Interconnectedness is also the theme of Swiss Re's David Bresch research focusing on climate change. As head of Swiss Re's Atmospheric Perils Group, Bresch identifies CO2 as a common thread linking together the ever growing world economic losses due to climate change.

It was at this point that the audience witnessed the re-insurance angle. Bresch presented some neat results estimating the ratio of insured versus uninsured global economic value during the past 30 years. In the mid 1980's this ratio was sitting on its historical average of roughly 50:50.

But in the last two decades there has been a dramatic rise in the proportion of uninsured global capital such that a mere 20% of it is currently covered by insurers and re-insurers. Bresch calls for action to reduce the resulting hike in risk faced by the global economy. His preferred method to hand: the creation of a global carbon market using cap and trade.

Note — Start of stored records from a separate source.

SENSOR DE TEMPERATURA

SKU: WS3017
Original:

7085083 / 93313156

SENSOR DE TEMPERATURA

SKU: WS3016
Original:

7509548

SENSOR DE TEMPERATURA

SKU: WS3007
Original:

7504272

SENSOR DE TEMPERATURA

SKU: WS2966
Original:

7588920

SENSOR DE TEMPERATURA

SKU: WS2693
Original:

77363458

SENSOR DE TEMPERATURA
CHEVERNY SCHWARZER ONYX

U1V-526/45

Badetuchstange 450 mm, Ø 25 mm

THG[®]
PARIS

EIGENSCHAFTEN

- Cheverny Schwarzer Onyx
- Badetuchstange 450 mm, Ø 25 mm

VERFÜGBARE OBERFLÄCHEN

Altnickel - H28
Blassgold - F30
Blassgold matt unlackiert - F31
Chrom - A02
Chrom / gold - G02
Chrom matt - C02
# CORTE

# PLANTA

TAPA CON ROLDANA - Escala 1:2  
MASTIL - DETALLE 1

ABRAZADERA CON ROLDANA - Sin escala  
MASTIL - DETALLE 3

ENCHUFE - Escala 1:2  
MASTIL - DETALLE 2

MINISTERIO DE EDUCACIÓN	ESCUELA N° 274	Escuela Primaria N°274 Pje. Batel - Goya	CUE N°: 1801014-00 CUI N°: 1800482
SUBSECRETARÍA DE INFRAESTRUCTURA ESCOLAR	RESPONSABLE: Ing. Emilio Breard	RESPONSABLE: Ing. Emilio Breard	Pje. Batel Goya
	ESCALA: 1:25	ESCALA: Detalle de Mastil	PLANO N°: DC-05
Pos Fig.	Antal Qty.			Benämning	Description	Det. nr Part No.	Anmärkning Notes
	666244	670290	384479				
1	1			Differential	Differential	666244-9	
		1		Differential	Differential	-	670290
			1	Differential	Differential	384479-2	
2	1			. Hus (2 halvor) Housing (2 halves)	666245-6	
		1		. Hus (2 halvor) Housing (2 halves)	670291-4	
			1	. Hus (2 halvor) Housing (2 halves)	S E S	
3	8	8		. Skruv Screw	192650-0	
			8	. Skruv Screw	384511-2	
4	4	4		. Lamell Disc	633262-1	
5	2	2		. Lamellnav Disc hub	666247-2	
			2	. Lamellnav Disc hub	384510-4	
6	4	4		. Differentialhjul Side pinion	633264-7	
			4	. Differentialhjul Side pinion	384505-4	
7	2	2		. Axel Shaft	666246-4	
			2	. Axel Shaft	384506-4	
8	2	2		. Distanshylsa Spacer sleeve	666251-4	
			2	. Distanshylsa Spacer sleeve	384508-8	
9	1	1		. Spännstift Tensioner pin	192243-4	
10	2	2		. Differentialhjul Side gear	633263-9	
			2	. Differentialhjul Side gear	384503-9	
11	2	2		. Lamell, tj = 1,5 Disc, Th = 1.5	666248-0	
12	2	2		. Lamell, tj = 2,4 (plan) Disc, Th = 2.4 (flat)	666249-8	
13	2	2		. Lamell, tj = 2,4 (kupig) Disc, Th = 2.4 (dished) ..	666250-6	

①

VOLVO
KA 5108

Thomas Hess, chief economist at Swiss Re, presented some very elegant mathematical models of the global financial risk landscape. According to Hess' calculations, the impact of the ongoing financial crisis on the real economy "is just getting started". His analysis focuses on an historical analysis of the default rate observed in so-called speculative grade companies.

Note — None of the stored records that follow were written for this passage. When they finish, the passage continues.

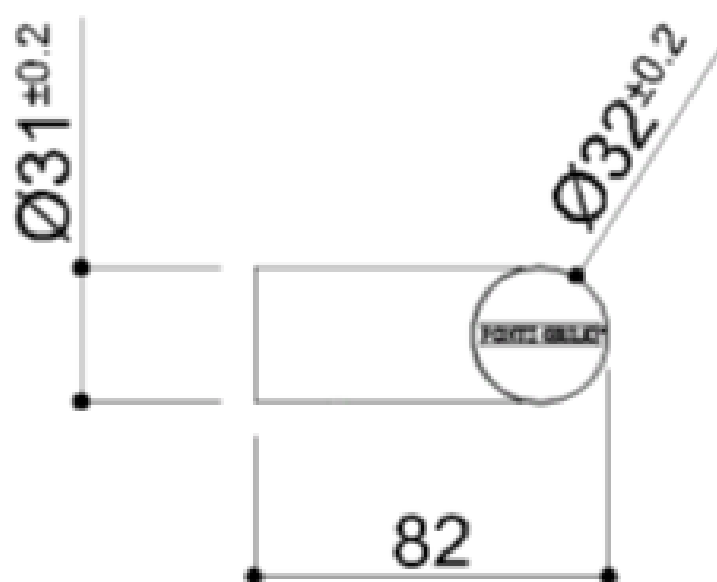

BARRE D'APPUI PRESTIGIO PLUS

Barre de sécurité droite sans bride en acier inoxydable AISI 304. Ø 32 mm. Supports de montage en aluminium chromé, embouts en ABS chromé. Disponible en différentes couleurs

BARRE D'APPUI PRESTIGIO PLUS

Option: Tablette pour installation horizontale
Artn° F47ANW10W3

BARRE D'APPUI PRESTIGIO PLUS

Hakoma
sanitair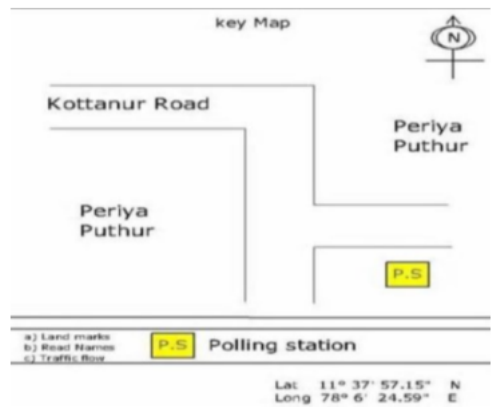

Key MAP View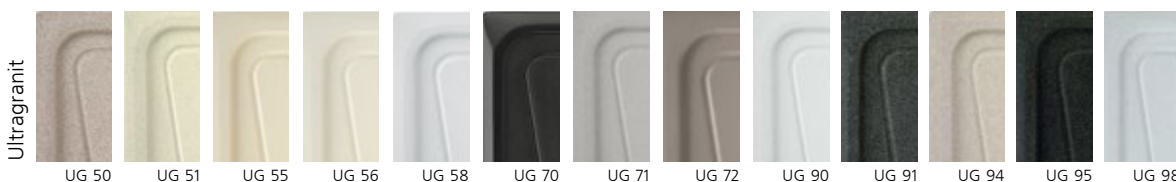

Пластиковая разделочная доска SPATAGPOL	Деревянная разделочная доска SPATAGIRK	Универсальная разделочная доска TAGL88	Стеклянная разделочная доска TAGCR	Пластиковая универсальная малая доска TAGP77	Прямоугольная корзина из нерж. стали SPACESINX	Маленькая корзина из нерж. стали SPVASINX	Коландер из поликарбоната SPVASPOL	Коландер из нержавеющей стали VASSP	Диспенсер для жидкого мыла DISPENSER	Круглый перелив CTPC10P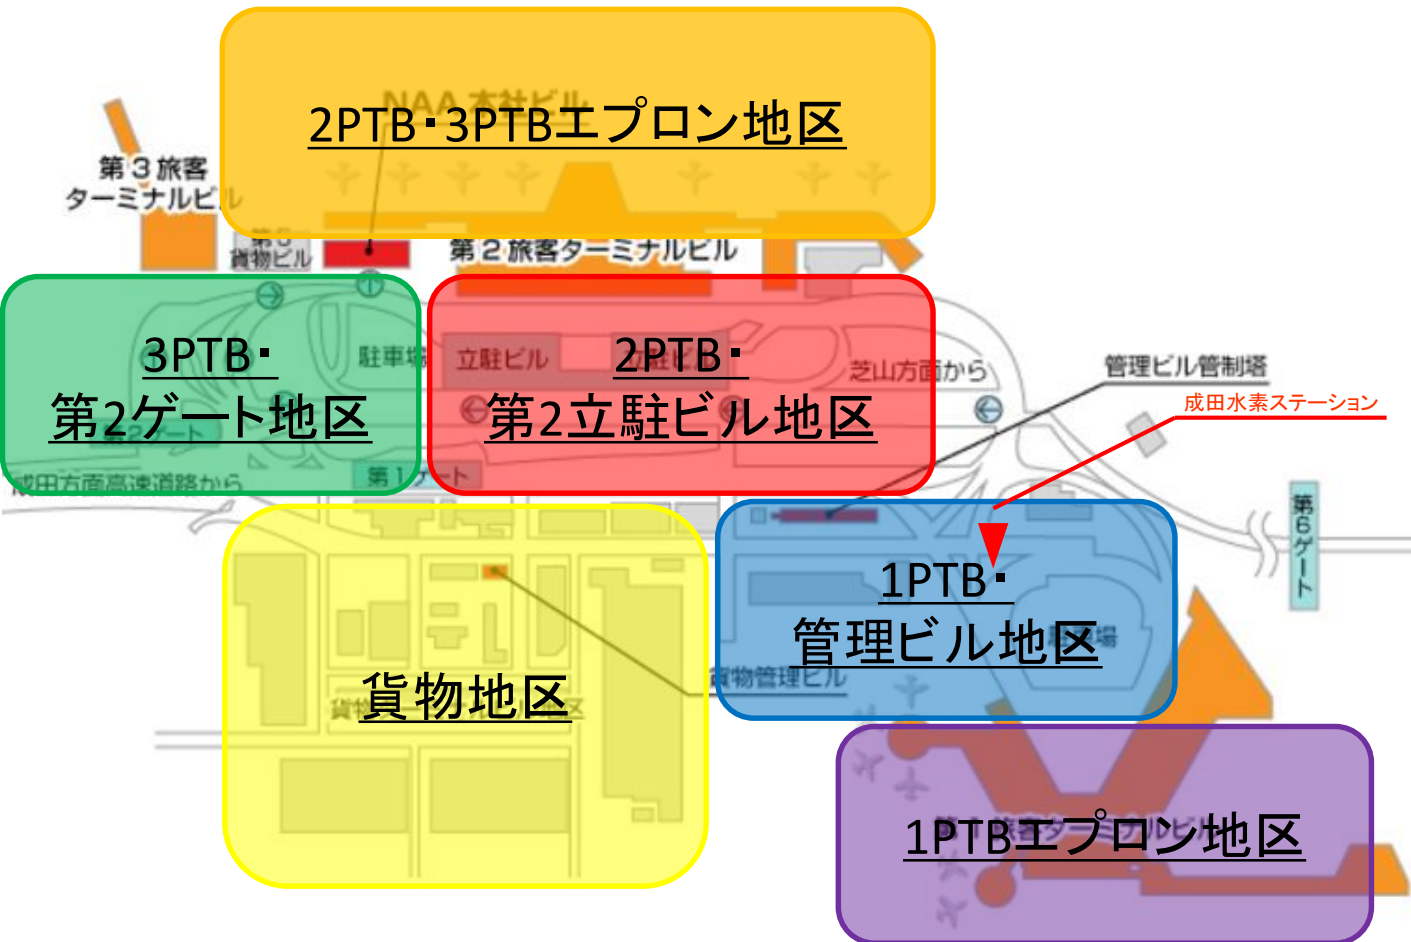

(2) 空港内道路

時間 9:00から10:00

場所 第1旅客ターミナルビル・管理ビル地区
第2旅客ターミナルビル・第2立駐ビル地区
第3旅客ターミナルビル・第2ゲート地区
貨物地区

参加者 約250名

(3) エプロン地区(制限エリア)

時間 13:00から14:00

場所 第1旅客ターミナルビル建物周辺
第2・3旅客ターミナルビル建物周辺

参加者 約100名

南地域相談センター

千代田交差点

1班

【清掃エリア】
エリア内自由清掃
スタート場所: 芝山千代田駅前

坂志岡

S 2班

南部貨物地区

2班

【清掃エリア】
芝山はにわ道に沿って清掃
スタート場所: 坂志岡交差点

岩山橋北側

S 3班

航空科学博物館

3班

【清掃エリア】
道路に沿って清掃
スタート場所: 岩山橋北側交差点

航空博物館入口

R296

コンビニ
ローソン

郵船ロジスティクス

凡例

- ★ 集合場所
- S スタート場所
- ゴミ回収場所

クリーンアップ運動(空港内・エプロン地区)

1PTB・管理ビル地区	集合場所 成田水素ステーション隣接敷地内(空港西通り④交差点脇) ※地図参照 清掃エリア 1PTB周辺道路、管理ビル周辺道路、空港西通り、駐車場 実施時間 9:00～10:00
2PTB・第2立駐ビル地区	集合場所 第2立駐ビル中央広場保育ルーム「たんぼぼ」前 清掃エリア 2PTB周辺道路、第2立駐ビル周辺道路、空港東通り、駐車場 実施時間 9:00～10:00
3PTB・第2ゲート地区	集合場所 NAA本社ビル 清掃エリア 3PTB周辺道路、第2ゲート周辺道路、NAA本社ビル周辺道路 実施時間 9:00～10:00
貨物地区	集合場所 貨物管理ビル 清掃エリア 貨物地区構内道路 実施時間 9:00～10:00
1PTB・エプロン地区	集合場所 1PTB第3サテライト塵芥処理室付近 清掃エリア 1PTB建物周辺(制限区域) 実施時間 13:00～14:00
2PTB・3PTBエプロン地区	集合場所 2PTBエプロン本館ゴミ置き場付近 清掃エリア 2・3PTB建物周辺(制限区域) 実施時間 13:00～14:00

This key business risk index typically stands at around 5%. Hess' warning about the possibility of nastier things to come is based on the observation that the current value is barely above this historical level, yet his model predicts that it will peak at 21% during the course of the crisis.

To put that percentage in perspective, the peak speculative grade default rate during the deep global recession of the early 1990s was a mere 12%. The dramatic bursting of the dotcom bubble in 2002 yielded a value of just 10%.

The problem, Hess emphasized, is the potential for this kind of upheaval to destroy good companies as well as bad. And Hess didn't seem to have the same enthusiasm for market based solutions as Bresch had presented before him. Hess quipped "When will the current crisis end? When the next bubble starts."

So can cap and trade really provide an interconnected solution to the global economic and environmental calamity we seem to be facing? The most recent news from the EU's carbon trading scheme would suggest otherwise.

Alas, we are yet to see the dawn of a new bubble in the value of carbon credits.

08 February 2009

A sobering thought on the civility that society holds so dear


Balancing loyalty and competition is important if a group of individuals are to achieve their best in a creative and productive collaboration. Oxford sociologist Jerome Ravetz reviews a new book about scientific societies during the Enlightenment in this week's edition of Nature and reveals the subtle challenges involved in getting this balance right.

Describing the delightful civility of the British Royal Society in the seventeenth century, the book's author Steven Shapin seems to have turned a blind eye on what Ravetz calls the dark side of this very fertile period of European research: Newton's dubious treatment of Gottfried Leibniz concerning Leibniz's contribution to the development of calculus.

Ravetz reflects on the dark secrets that seem to characterize so many periods of intense innovation by considering the genteel world of the Quants in our banking system. The quiet confidence of this group of talented souls is contrasted with the violent collapse of their elaborate financial constructs during the past 2 years.

I was reminded of a comment by another researcher of loyalty and competition, Ernst Fehr. Fehr (pictured, centre) has devoted the best part of a decade to demonstrating the importance of loyalty and other forms of what he calls 'other regarding preferences' for the successful functioning of modern society.

Fehr's research presentations are music to my commune-attuned ears and sensibilities, but I am glad to have also heard him present the dark side of his position on group loyalties. On one occasion he calmly commented that "of course, the mafia also display a well developed sense of loyalty and other regarding preferences,".

As Ravetz concludes in his reflection on the contribution of civil collegiality in the financial meltdown, "[it is] a sobering thought".